## Provided information
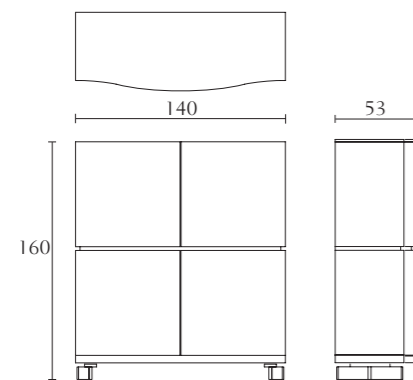

SO001

Buffet
sable - mink
cm 240 x 57 x H77
inch. 94^{1/2} x 22^{1/2} x H30,3

**SO300**

Rectangular dining table
with 2 leaves
sable - mink
cm 220/320 x 110 x H75
inch. 86,6/126 x 43,3 x H29^{1/2}

**SO005**

Buffet
sable - mink
cm 190 x 55 x H77
inch. 74,8 x 21,6 x H30,3

**SO301**

Round Table
sable - mink
cm Ø160 x H75
inch. Ø63 x H29^{1/2}

**SO004**

4 door Cabinet
sable - mink
cm 140 x 53 x H160
inch. 55,1 x 20,9 x H63

**SO501**

Side chair
sable - mink
leather
cm 47 x 61 x H84
inch. 18^{1/2} x 24 x H33,1

**SO002**

Vitrine
sable - mink
cm 200 x 52 x H160
inch. 78,7 x 20^{1/2} x H56,3

**SO502**

Arm chair
sable - mink
leather
cm 55 x 61 x H84
inch. 21,6 x 24 x H33,1

**SO304**

Corner table
sable - mink
cm Ø80 x H53
inch. Ø31^{1/2} x H20,9

**SO303**

Console
sable - mink
cm 140 x 44 x H53
inch. 55,1 x 17,3 x H20,9

**SO307**

Coffee table
sable - mink
cm Ø120 x H33
inch. Ø47,2 x H13
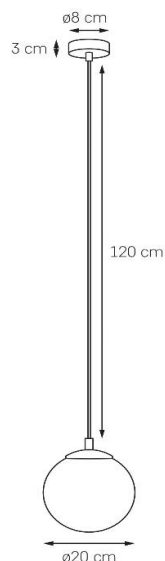

Karta produktu

NAZWA PRODUKTU	BLER 1
NR PRODUKTU	11041105
EAN	5902047305313

PARAMETRY PRODUKTU

PRODUCENT	KASPA
KRAJ POCHODZENIA I MIEJSCE PRODUKCJI	POLSKA
MATERIAŁ WYKONANIA	METAL/SZKŁO
KOLOR	CZARNY/ZŁOTY/BIAŁY
ŹRÓDŁO ŚWIATŁA W KOMPLECIE	NIE
TYP GWINTU	E27
MOC	max 25W LED
NAPIĘCIE WEJŚCIOWE	~ 230V
KLASA SZCZELNOŚCI	IP20
MOŻLIWOŚĆ REGULACJI DŁUGOŚCI	TAK
GWARANCJA	24 m-ce
CERTYFIKAT EU	TAK
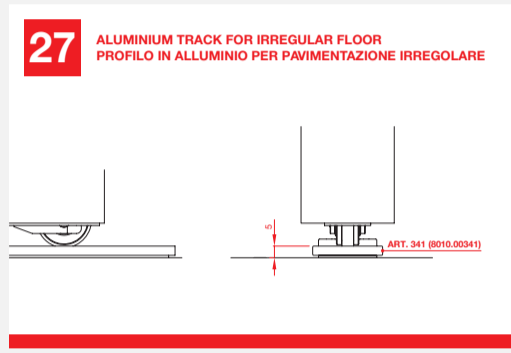

! CLOSE THE DOOR SLOWLY AT FIRST AUTOMATIC LOAD AFTER INSTALLATION
CHIUDERE LA PORTA LENTAMENTE AL PRIMO CARICAMENTO AUTOMATICO DOPO L'INSTALLAZIONE
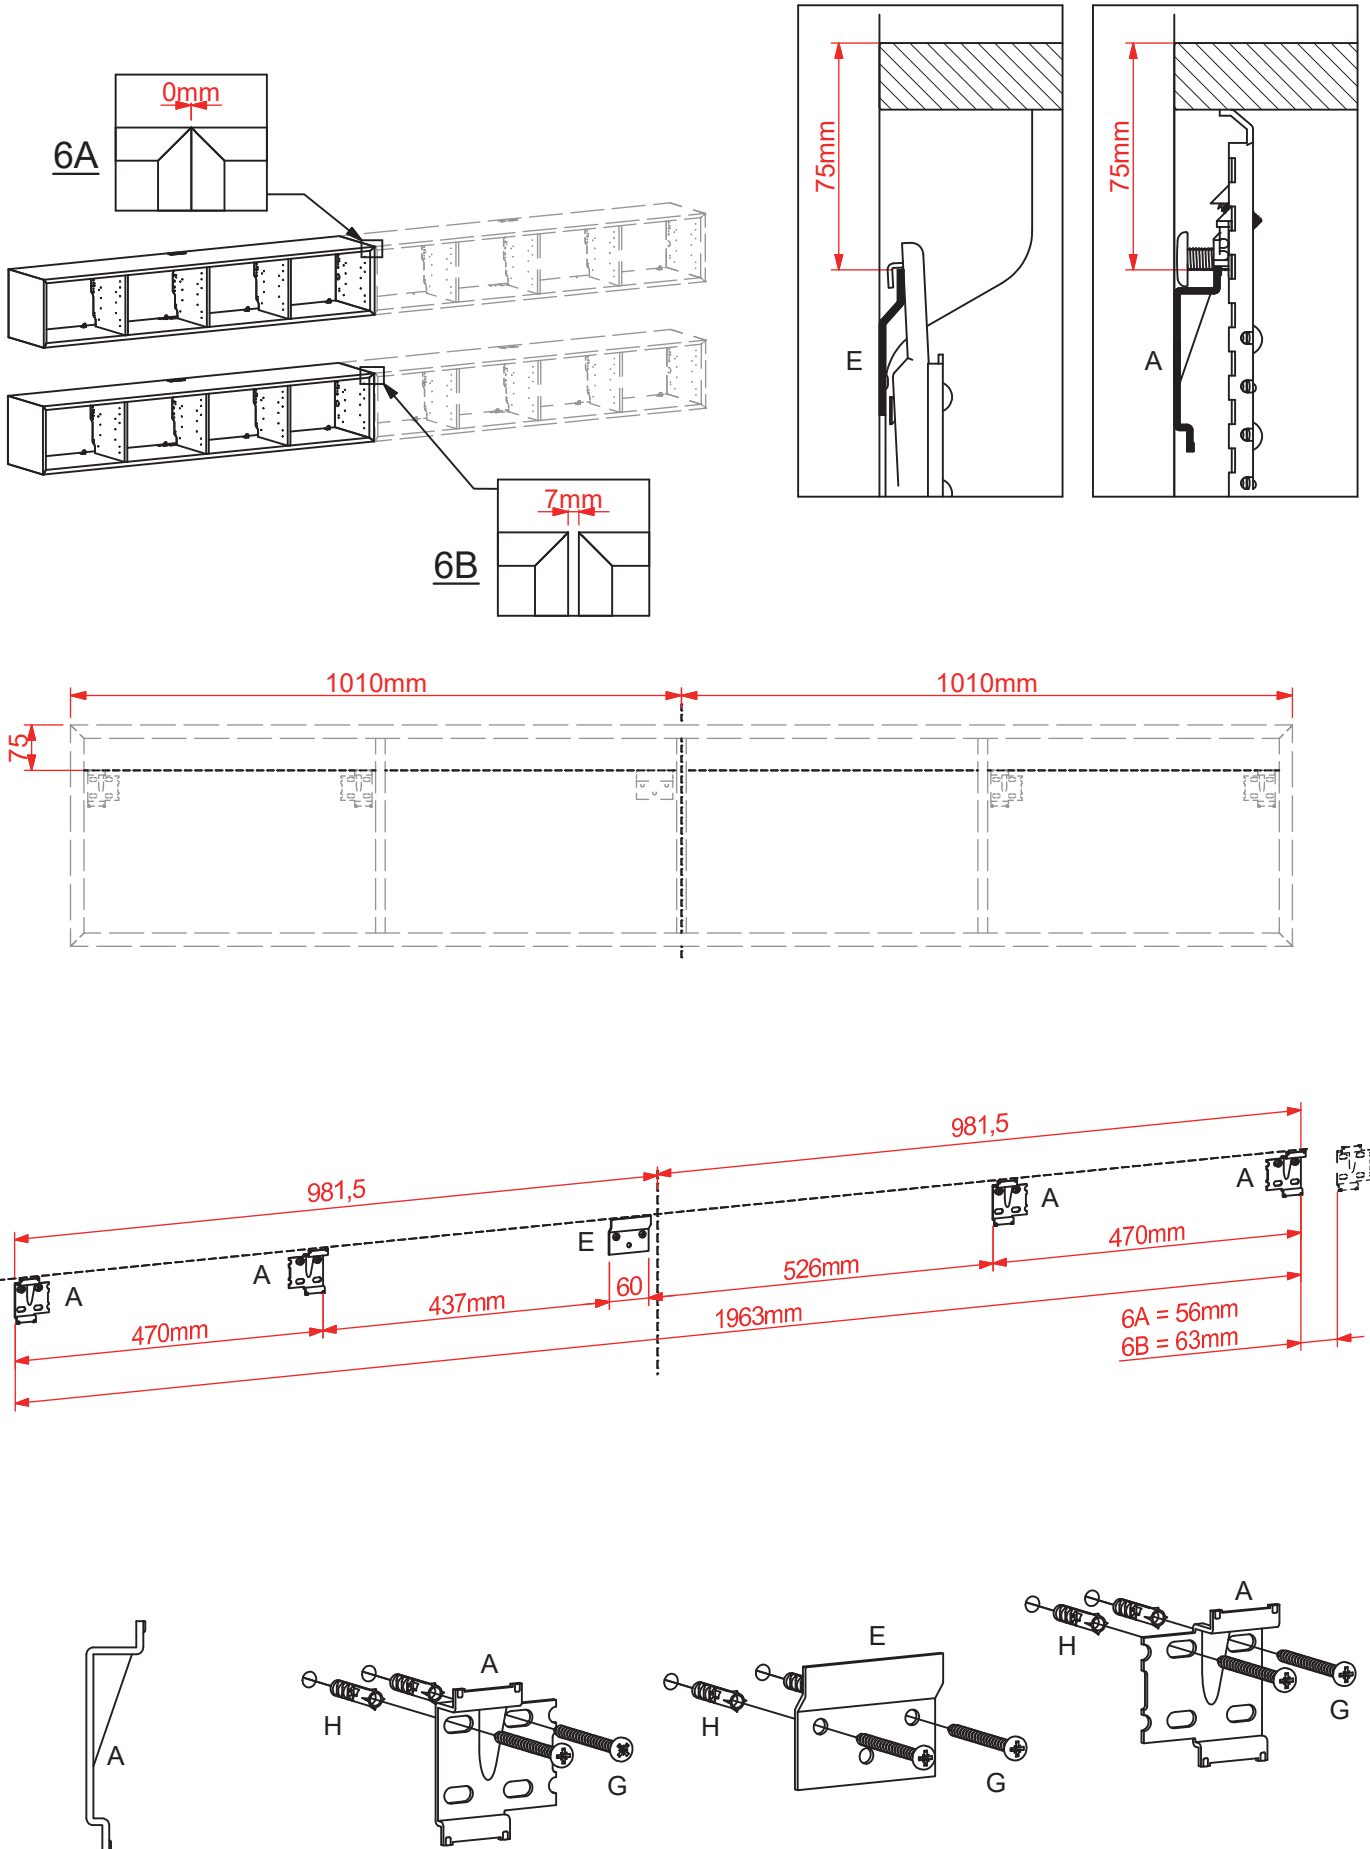

240 Center
 241 Center
 242 Center

240 Large
 241 Large
 242 Large

77"20S

4 140, 140 Center, 141, 141 Center

5 1540, 1541

OBS !

6 24, 240, 241, 242

7 240 Center, 241 Center, 242 Center

8 240 Large, 241 Large, 242 Large

9 77"2S, 77"20S

10

Så langt ud som muligt.
As far out as possible.
Soweit wie möglich.

11

12

Så langt ud som muligt.
As far out as possible.
Soweit wie möglich.

Wall Bracket 4

## Exercise objective
Go through the entries and retype each one exactly, skipping any image.

## Expected output
SO001

Buffet
sable - mink
cm 240 x 57 x H77
inch. 94^{1/2} x 22^{1/2} x H30,3

**SO300**

Rectangular dining table
with 2 leaves
sable - mink
cm 220/320 x 110 x H75
inch. 86,6/126 x 43,3 x H29^{1/2}

**SO005**

Buffet
sable - mink
cm 190 x 55 x H77
inch. 74,8 x 21,6 x H30,3

**SO301**

Round Table
sable - mink
cm Ø160 x H75
inch. Ø63 x H29^{1/2}

**SO004**

4 door Cabinet
sable - mink
cm 140 x 53 x H160
inch. 55,1 x 20,9 x H63

**SO501**

Side chair
sable - mink
leather
cm 47 x 61 x H84
inch. 18^{1/2} x 24 x H33,1

**SO002**

Vitrine
sable - mink
cm 200 x 52 x H160
inch. 78,7 x 20^{1/2} x H56,3

**SO502**

Arm chair
sable - mink
leather
cm 55 x 61 x H84
inch. 21,6 x 24 x H33,1

**SO304**

Corner table
sable - mink
cm Ø80 x H53
inch. Ø31^{1/2} x H20,9

**SO303**

Console
sable - mink
cm 140 x 44 x H53
inch. 55,1 x 17,3 x H20,9

**SO307**

Coffee table
sable - mink
cm Ø120 x H33
inch. Ø47,2 x H13

Karta produktu

NAZWA PRODUKTU	BLER 1
NR PRODUKTU	11041105
EAN	5902047305313

PARAMETRY PRODUKTU

PRODUCENT	KASPA
KRAJ POCHODZENIA I MIEJSCE PRODUKCJI	POLSKA
MATERIAŁ WYKONANIA	METAL/SZKŁO
KOLOR	CZARNY/ZŁOTY/BIAŁY
ŹRÓDŁO ŚWIATŁA W KOMPLECIE	NIE
TYP GWINTU	E27
MOC	max 25W LED
NAPIĘCIE WEJŚCIOWE	~ 230V
KLASA SZCZELNOŚCI	IP20
MOŻLIWOŚĆ REGULACJI DŁUGOŚCI	TAK
GWARANCJA	24 m-ce
CERTYFIKAT EU	TAK

! CLOSE THE DOOR SLOWLY AT FIRST AUTOMATIC LOAD AFTER INSTALLATION
CHIUDERE LA PORTA LENTAMENTE AL PRIMO CARICAMENTO AUTOMATICO DOPO L'INSTALLAZIONE

240 Center
 241 Center
 242 Center

240 Large
 241 Large
 242 Large

77"20S

4 140, 140 Center, 141, 141 Center

5 1540, 1541

OBS !

6 24, 240, 241, 242

7 240 Center, 241 Center, 242 Center

8 240 Large, 241 Large, 242 Large

9 77"2S, 77"20S

10

Så langt ud som muligt.
As far out as possible.
Soweit wie möglich.

11

12

Så langt ud som muligt.
As far out as possible.
Soweit wie möglich.

Wall Bracket 4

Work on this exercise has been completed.